While the Valero once had a reputation as a birdie-fest—see Tommy Armour III’s record-breaking 254 in 2003 at La Cantera—the move to TPC San Antonio put an end to that. The course has consistently ranked among the most difficult stops on Tour, and last year it played as the seventh hardest, thanks to brutal wind gusts. Between firm fairways, thick rough, and fast, sloping greens, it’s a place where a hot putter and a sharp short game often outweigh pure power. And this year’s forecast promises a little of everything: muggy conditions early, scattered storms, and then a cooler, breezier Sunday. Translation? Expect more grind than glide on the leaderboard.

Courtesy of Golf Digest
Strokes Gained Tee-to-Green is the gold standard when it comes to evaluating who’s in control of their game from the opening tee shot to the final approach. TPC San Antonio puts a premium on total ball striking—drives must find the right angles, iron shots need to penetrate the wind, and distance control is crucial into firm greens. Last year, Akshay Bhatia led the field in both Greens in Regulation and SG: Tee-to-Green on his way to victory, gaining nearly five strokes per round in this category alone. Players who thrive here don’t just hit it long—they hit it solid, consistently, and in the right places.
Scrambling becomes a deciding factor when the greens are firm, the wind is swirling, and GIR percentages dip below 60%. Even the best iron players miss their targets at TPC San Antonio, and when they do, the surrounds are tight, shaved down, and brutal. Getting up and down requires touch and nerve, and champions here have historically ranked near the top in this category. Bhatia got it up and down 22 times in 28 chances last year—good for 8th—and that scrambling performance kept his rounds on track while others imploded.
Putting Inside 10 Feet may sound like a basic stat, but it’s deceptively important on these tricky Champion Bermuda greens. Short putts at TPC San Antonio are rarely stress-free—breaks are subtle, wind can push putts offline, and players who don’t control speed get punished. Even though the field-wide make percentage from this range is below Tour average, recent winners like Jordan Spieth and J.J. Spaun gained critical strokes with the flatstick by converting those must-make chances inside ten feet.

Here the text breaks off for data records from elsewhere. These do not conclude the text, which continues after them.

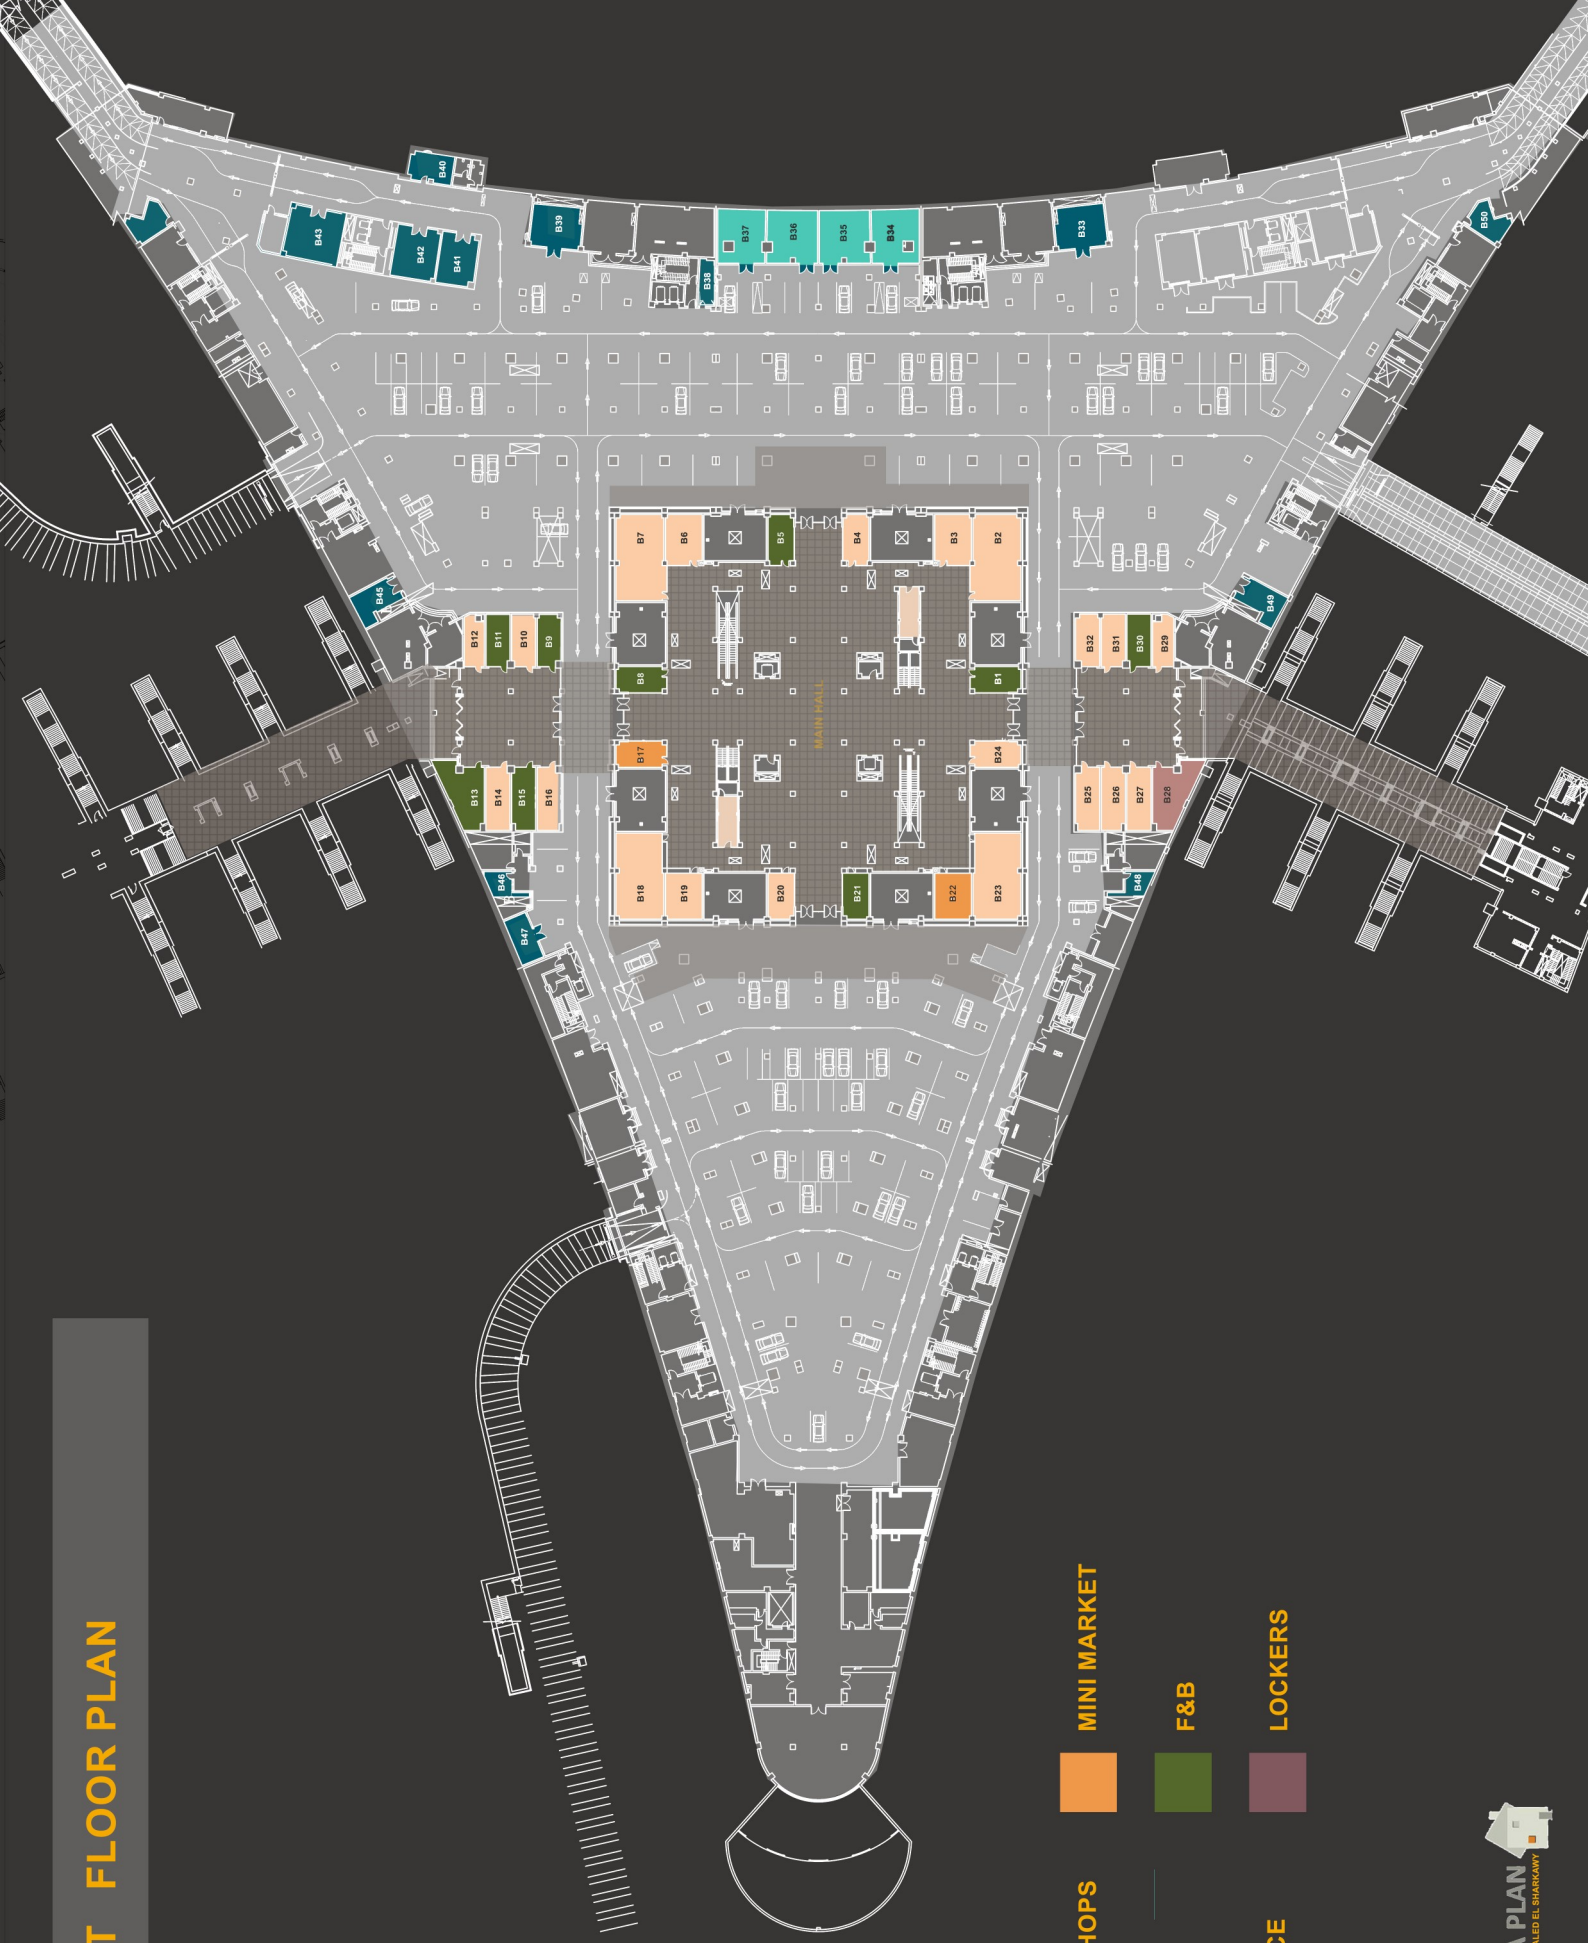

THE UPPER EGYPT TRAIN STATION

BASEMENT FLOOR PLAN

- SERVICE SHOPS
- STORAGES
- MINI MARKET
- F&B
- CAR SERVICE
- LOCKERS

GROUND FLOOR PLAN

EL MATAR STREET

03

EL ZUMOUR TUNNEL

EL SUDAN TUNNEL

VIP

- MAIN STATION BUILDING
- HYPER MARKET
- SHOPS&IT & ACSS
- NATIONAL BANKS
- OUTDOOR CAFFE
- PATESERRIE
- CLOTHES REATILS
- KIOSKS
- INDOORS LOUNGE
- PHARMACY
- GIFT SHOP REATILS
- SERVICE SHOPS
- WIFI CAFFE
- EGYPT POST

Rajal Architects and Engineers

FIRST FLOOR PLAN

EL MATAR STREET

- MAIN STATION BUILDING & CORRIDORS
- ANKOR (DEPT. STORE)
- SPORTS WEAR AND ACC STORE
- OFFICES / CLINICS / LABS / SCANS
- INTERNATIONAL BANKS
- SERVICE (HAIRDRESSER & BARBER)
- FASHION OUTLETS REATILS
- KIOSKS
- SERVICE

SECOND FLOOR PLAN

EL MATAR STREET

- MALL BUILDING & CORRIDORS
- THEME PARK
- FOOD COURT
- KIDS STORES
- HOME APPLIANCES / FURNITURE
- BANK
- F&B
- KIOSKS
- IT & ACSS / SHOPS
- FOOD COURT SEATS

Par Breakers, a combination of birdies and eagles made, tells the real story of who’s capitalizing when scoring chances come along. Despite the course’s reputation as a grind, winners here still find ways to stack red numbers. Bhatia led the field in birdies last year, while previous winners like Corey Conners and Spaun also ranked near the top in this category. Making par won’t hurt you at TPC San Antonio—but it won’t win you the tournament either. To contend, players need to take advantage of the reachable par 5s and get hot with the wedges on the few soft holes the course gives up.